+++ Data to process +++
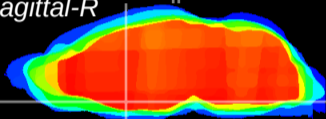

Coronal

Sagittal-R

Sagittal-L

ViBriSM: CX05426
Horizontal

MPA
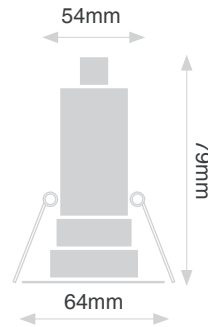

BLAZE ROUND SMALL ADJUSTABLE 5W

WHITE

CHROME

NICKEL

- Fire Rated - Part B
- Energy Efficient - Part L
- Soundproof - Part E
- Rated IP64
- Small and Compact Size
- Dimmable with leading/trailing edge dimmers
- Double Insulated
- Cut-out 54mm
- Overall Diameter 64mm
- 25,000 hours lifetime
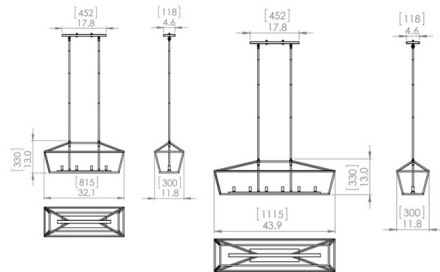

Description

The Cabot Trail Linear Pendant takes its name from the stunning Cabot Trail on the island of Cape Breton in Nova Scotia, Canada. The fixture has a simple and minimalist design with an open cage like design with three finish options. Two sizes available.

Shown in graphite

Specifications

COLOR N/A
 BODY FINISH Graphite
 WATTAGE 160W
 DIMMER Standard 120V
 DIMENSIONS 32"L x 11.75"W x 12.5"H
 BULB NOT INCLUDED 4 x B10/Candelabra (E12)/40W/120V Incandescent
 OTHER BULB OPTIONS 4 x B10/Candelabra (E12)/120V LED

Technical Information

PRODUCT DIMENSIONS Downrods: (2)-15in., (2)-12in., (2)-9in.,(2)-4in.

CLICK TO VIEW PRODUCT

Notes:
+++
Read the data above. Pull out each line in which the string "DIMENSIONS" appears.

● **Solved problem**
 DIMENSIONS 32"L x 11.75"W x 12.5"H
PRODUCT DIMENSIONS Downrods: (2)-15in., (2)-12in., (2)-9in.,(2)-4in.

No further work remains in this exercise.